[Saved data entries]

Start of Block

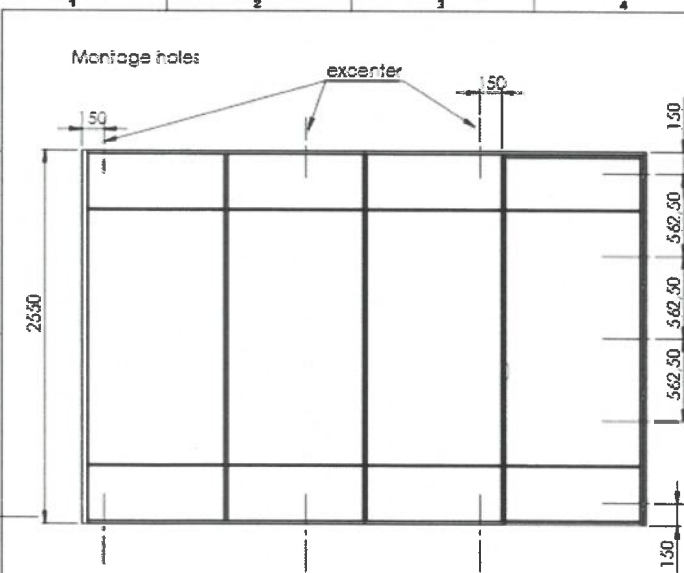

Project/Order

Single door + fix

Quantity

ITEM NO.	PART NUMBER	DESCRIPTION	Default/ QTY.
1	door 2844-7, left	door left	1
2	Panel 2844-7	DECATROP	1

Handle

C:\User\st\Feral\Bektop\Bektop\284 L\Faktor 2844-7

FERAL GROUP
Natural Light on Great Living

Název/Description
DECATROP
Číslo výkresu/DWG No.
door 2844-7

Opening Directions

DETAIL AL
SCALE 1 : 5

DETAIL AM
SCALE 1 : 5

C:\Jce at\FeralDesk\hp\Wovse v\k\k\m\WISS\Dr catrop 2844-6\Panel 12844-6

FERAL GROUP <small>Natural Insulation, Great Living</small>		Název/Description DECATROP Číslo výkresu/DWG No. Panel 2844-6	
		Date 31/8/2018	Drawn by MIS
Profile 40x20		welding control dimensions manage holes/options	
Glass type 3.3.2			
Closing none		control point	
Door Handle none			
Colour RAL9005		control components straightening	
Inside/Outside out		control final	
Sandblast <input checked="" type="checkbox"/>			
Metallization <input checked="" type="checkbox"/>			
Project/Order	Quantity		
Fixed panel:

End of Block

## [ABOUT THIS TASK]
Search the data above for "Living" and copy every line where it turns up.

## [RESULT OF THE EXERCISE]
Natural Light on Great Living
FERAL GROUP <small>Natural Insulation, Great Living</small>		Název/Description DECATROP Číslo výkresu/DWG No. Panel 2844-6	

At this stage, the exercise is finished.